Simple log aggregation for Docker containers

The Why

The Docker composition on one of my side projects has recently got to 6 containers: SMTP-in, SMTP-out, app, subscription, website, and certbot. Since I have deployed a 0.1.0 version to DigitalOcean a couple of weeks ago, I caught myself feeling increasingly anxious about losing logs every time I deployed a new version of the container.

Every container is streaming its logs to STDOUT. I wanted to have a persistent log file for each container, which Docker almost does out-of-the-box, with the “little” caveat that those files are removed every time the container is rebuilt. 🙃

One of the things that I’ve challenged myself to do on this side project is to have it as self-contained as possible. — This is why I’ve set up my own SMTP server instead of buying a transactional email subscription. 😎

This is the kind of simplicity I was referring to when I said “simple log aggregation” in the title: no third-party services. I wanted it to be a Docker composition that I can start on my laptop as easily and as cleanly as on a VM in some cloud.

At the end of the day, all I needed is to have those logs — plain text or JSON — stored somewhere so that I can grep or jq them whenever I want to do see what happened when.

After googling around for a few mornings, I ended up deploying an additional logger container that runs Syslog and then instructed all the other containers to stream their logs into it. I’ve seen this called “the sidecar pattern” in other places. The logger container’s files live in a mounded directory, so they can have a life outside Docker, and across the container life cycle.

Some dirty details

The logger

I’ve started with the mumblepins/syslog-ng-alpine for the proof of concept, but then I saw a warning about old log format, or something.
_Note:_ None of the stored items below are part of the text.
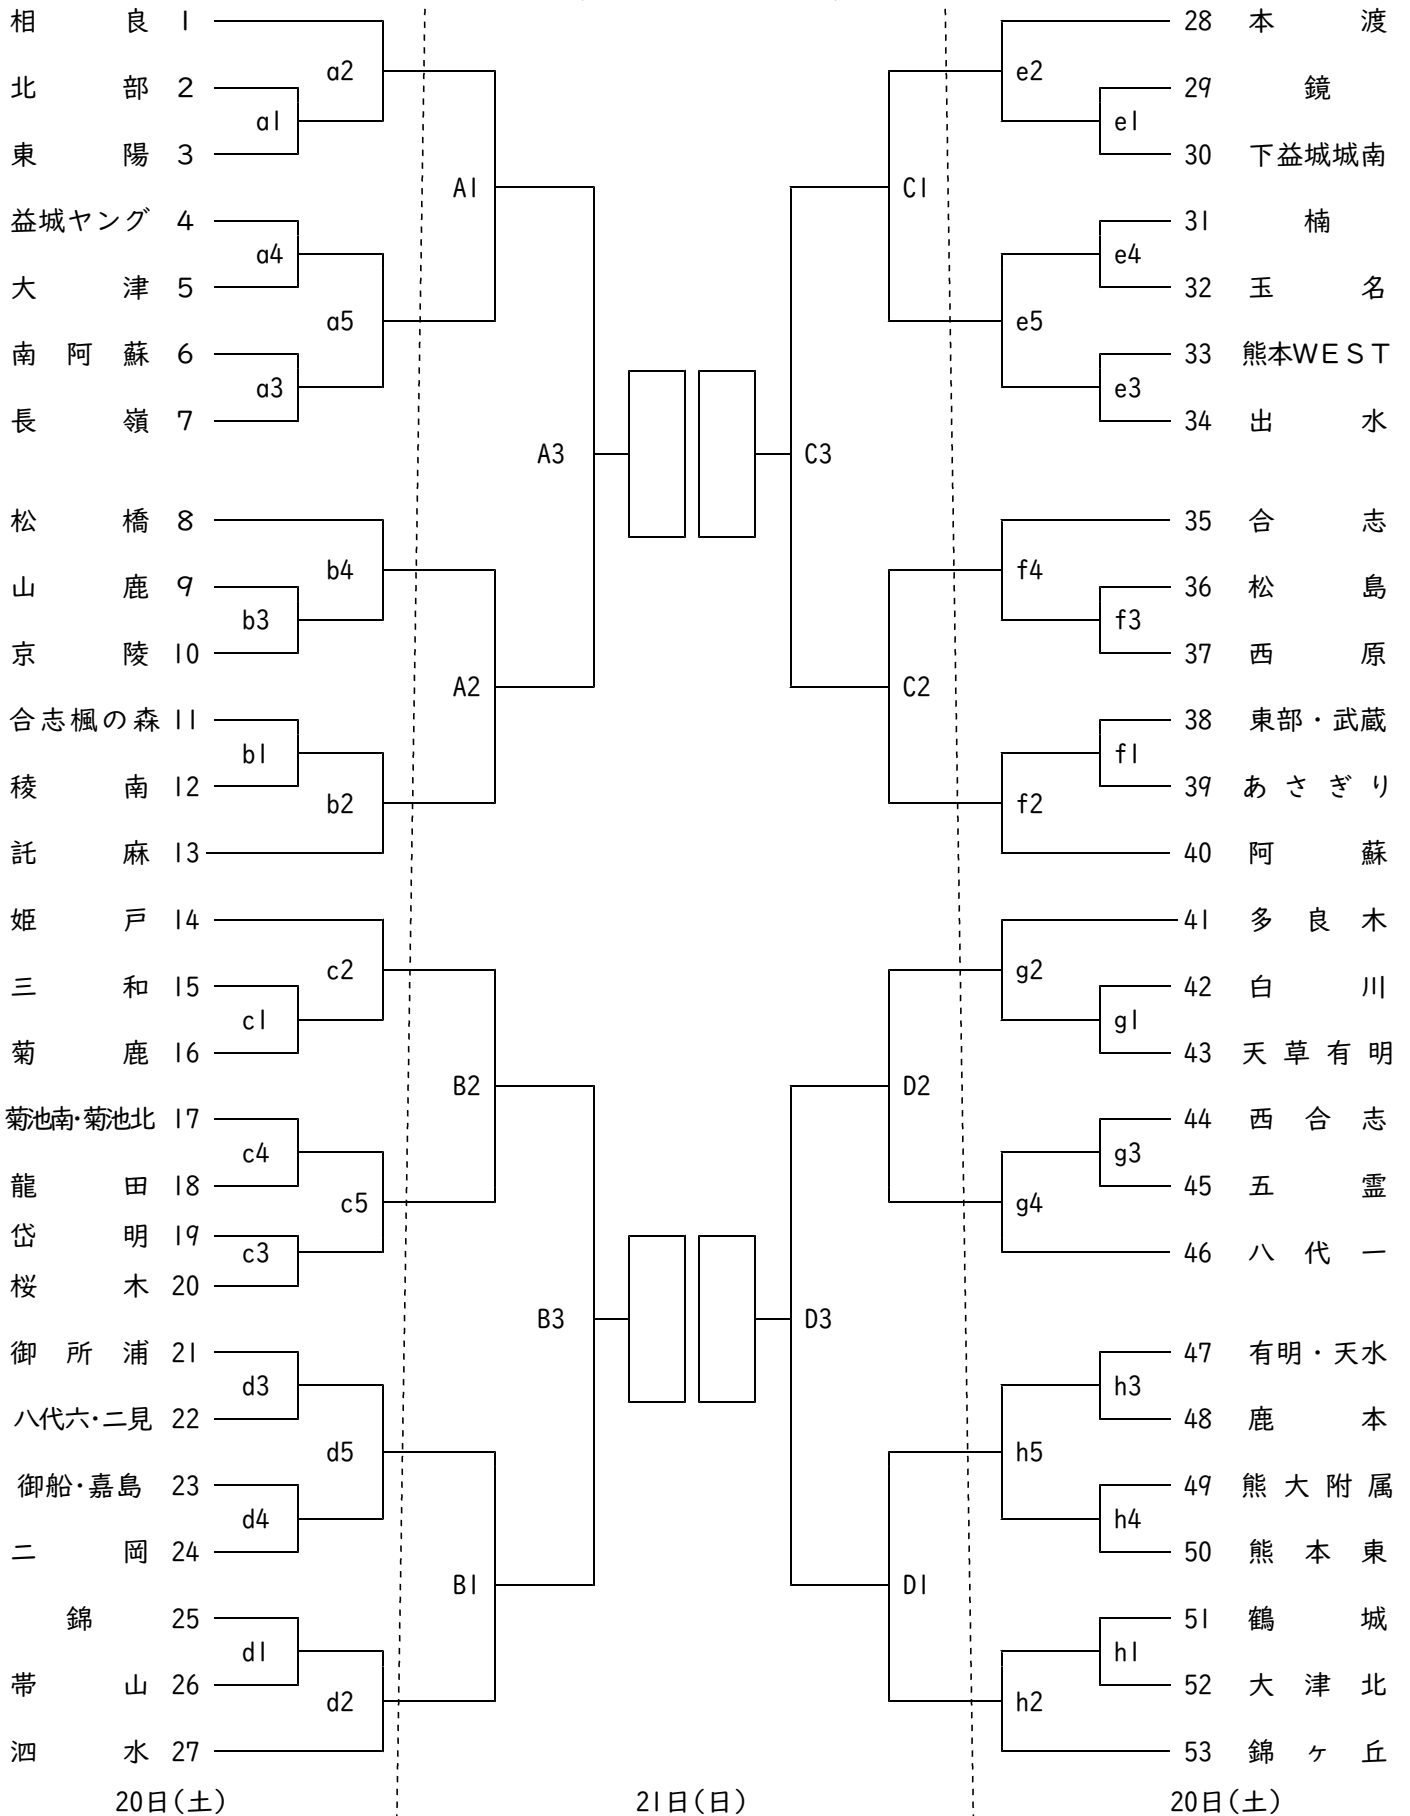

第46回 熊本県中学新人バレーボール大会兼九州中学校バレーボール選抜優勝大会熊本県予選会 組合せ

【男子の部】

令和6年1月20日(土) 午前：9:00開場 10:00 試合開始 午後：12:30開場 13:30試合開始
 於 北部中(a, b) 御船中(c, d) 下益城城南中(e, f) 嘉島中(g, h)
 21日(日) 9:00開場 10:00 試合開始
 於 長嶺中(A, B) 錦ヶ丘中(C, D)

※ 各学校で笛(長・短)の準備をお願いします。

※ 審判謝金を支払いますので印鑑をご持参下さい。

第46回 熊本県中学新人バレーボール大会兼九州中学校バレーボール選抜優勝大会熊本県予選会 組合せ

【女子の部 No.1】

令和6年1月27日(土) 午前：9:00 開場 10:00 試合開始 午後：12:30 開場 13:30 試合開始

於 下益城城南中(a, b)、湖東中(c, d)、力合中(e, f)、甲佐中(g, h)
千丁中(i, j)、長嶺中(k, l)、大津北中(m, n)、熊本城南中(o, p)

On a closer inspection, I realized that it hasn’t been updated in 4 years. Hm… Looking at its Dockerfile on GitHub I found that it was manually compiling Syslog from the source. Umm… OK. On the next day, inspired by that I’ve created my own Dockerfile, which used Alpine’s built-in package of Syslog.

Extracted a copy of its config file from the running container, added the bits from mumblepins that made it listen on the network, and with that I had it both up to date and working. Open Source is awesome. 😎

The docker-compose config

To tell a container to stream its logs to a Syslog is well documented, and quite straightforward:

app:
  # ...more settings...
  depends_on: [logger]
  logging:
    driver: syslog
    options:
      syslog-address: tcp://127.0.0.1:514
      syslog-format: rfc3164
      tag: subscription

This worked, but having this for 6 services looked too non-DRY for my taste, so I googled around for a morning or two and found about YAML merge type which is described under the Extension fields section of Docker Compose references, and which gave me this:

x-logging: &logging
  depends_on: [logger]
  logging:
    driver: syslog
    options:
      syslog-address: tcp://127.0.0.1:514
      syslog-format: rfc3164
      tag: "{​{.Name}}"

I added the tag: option to have the symbolic container name in logs instead of its hex ID. And so this snippet now allows me to include it in every service’s config like this:

smtp-in:
  container_name: smtp-in
  # ...
  <<: *logging

This is neat. 🤓